What is being asked => Repeat the records exactly as given. Do not include the pictures.

(Collection entries)
■ ■ ■ ■ ■ ■ ■
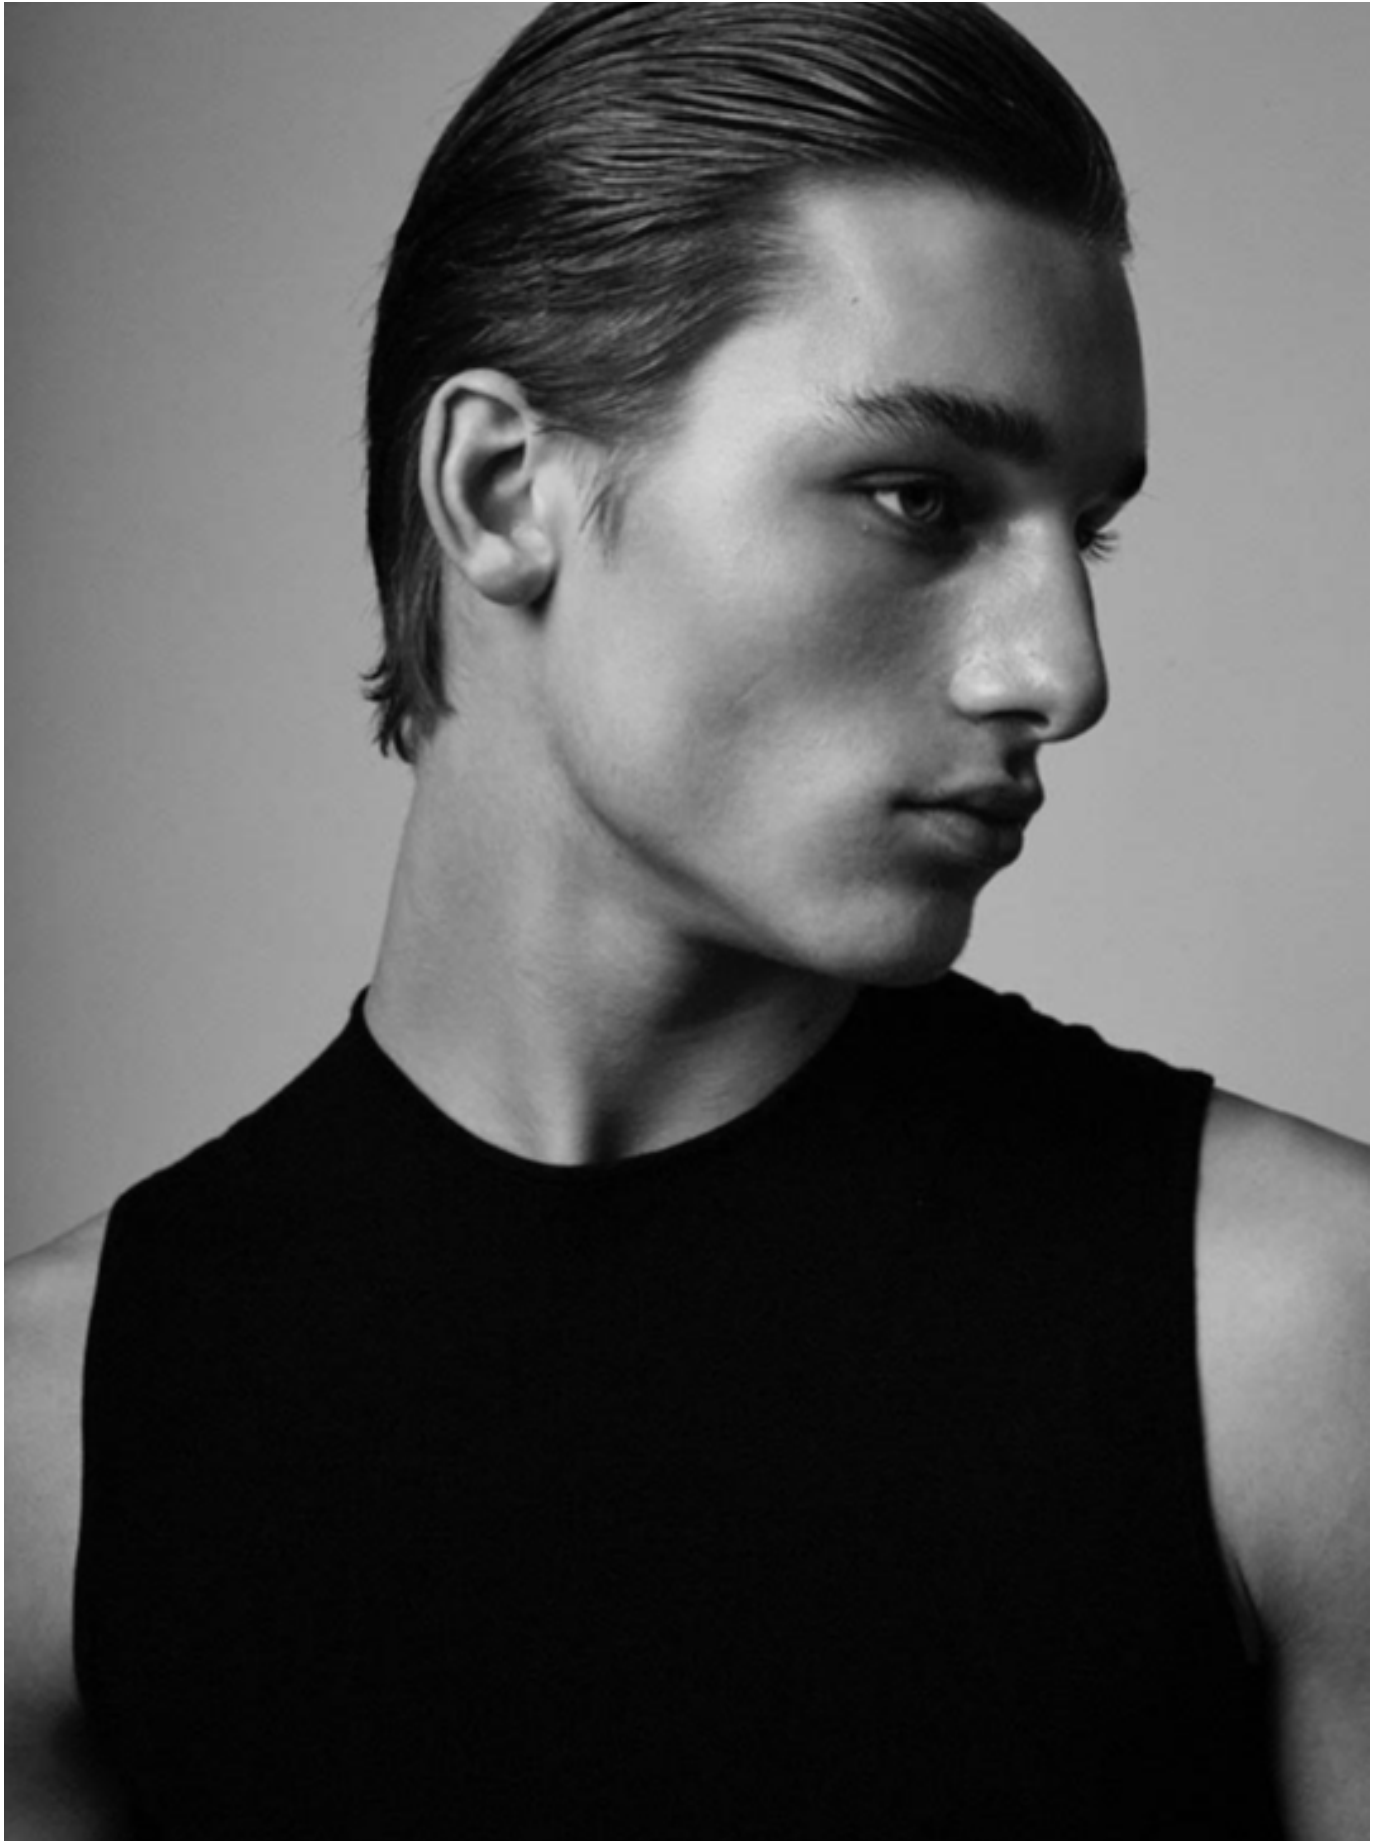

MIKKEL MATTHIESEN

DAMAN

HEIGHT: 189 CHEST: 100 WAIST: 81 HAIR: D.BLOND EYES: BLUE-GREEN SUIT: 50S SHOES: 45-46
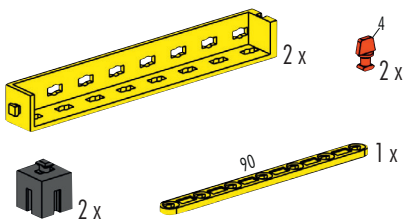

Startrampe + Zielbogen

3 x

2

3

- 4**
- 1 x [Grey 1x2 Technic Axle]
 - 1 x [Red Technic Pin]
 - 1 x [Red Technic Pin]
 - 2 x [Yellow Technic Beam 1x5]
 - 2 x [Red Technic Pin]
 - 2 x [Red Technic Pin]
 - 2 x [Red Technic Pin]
■ ■ ■ ■ ■ ■ ■
Response to this task =>
MIKKEL MATTHIESEN

DAMAN

HEIGHT: 189 CHEST: 100 WAIST: 81 HAIR: D.BLOND EYES: BLUE-GREEN SUIT: 50S SHOES: 45-46

Startrampe + Zielbogen

3 x

2

3

- 4**
- 1 x [Grey 1x2 Technic Axle]
 - 1 x [Red Technic Pin]
 - 1 x [Red Technic Pin]
 - 2 x [Yellow Technic Beam 1x5]
 - 2 x [Red Technic Pin]
 - 2 x [Red Technic Pin]
 - 2 x [Red Technic Pin]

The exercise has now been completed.